Stored items from a collection:

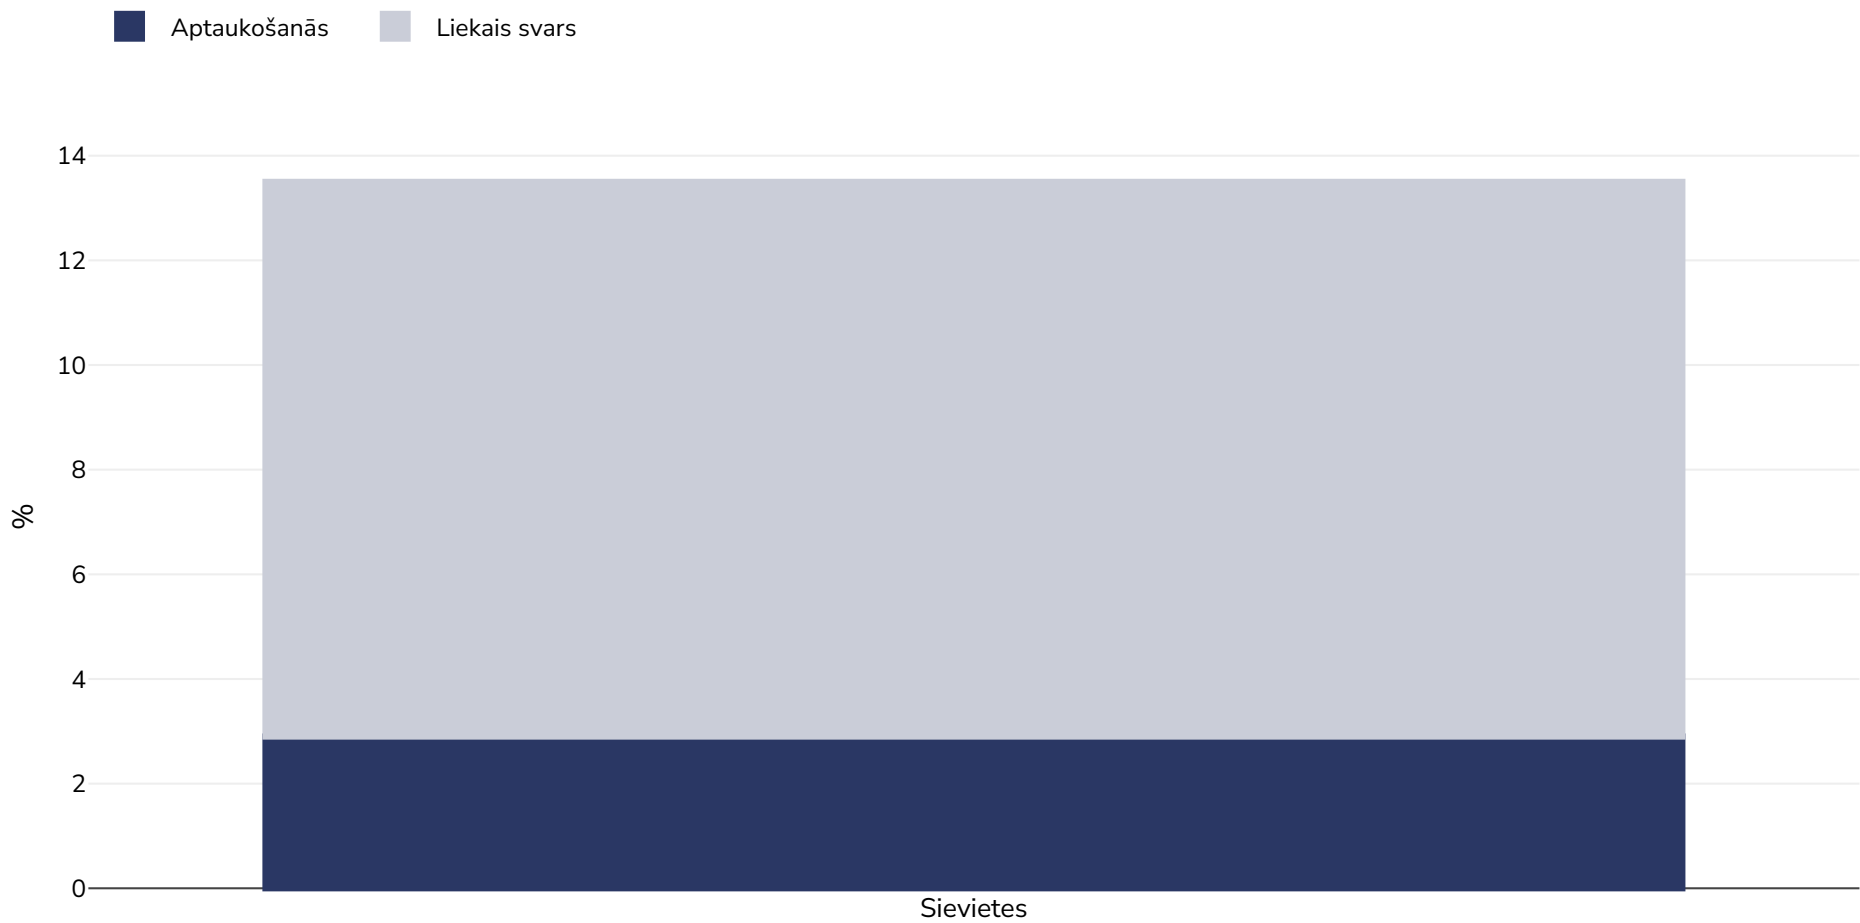

# KotdivuĀra: AptaukoĀjanĀs izplatĀba

Sievietes, 1994

<b>Apsekojuma veids:</b>	MĀrĀrtĀvĀrtĀba
<b>Vecums:</b>	15-49
<b>Izlases lielums:</b>	2983
<b>AptvertĀ teritorija:</b>	Valsts
<b>Atsauces:</b>	Demographic Health Survey 1994
<b>PiezĀmes (pieejamas tikai angĀļu valodĀ):</b>	Other married women 15 - 49 years old.

WHAT YOU WILL DO: Could you retype exactly the lines from the one containing "Health Survey 1994" through the final line of the data above, and no others?

WRITTEN RESPONSE:
<b>Atsauces:</b>	Demographic Health Survey 1994
<b>PiezĀmes (pieejamas tikai angĀļu valodĀ):</b>	Other married women 15 - 49 years old.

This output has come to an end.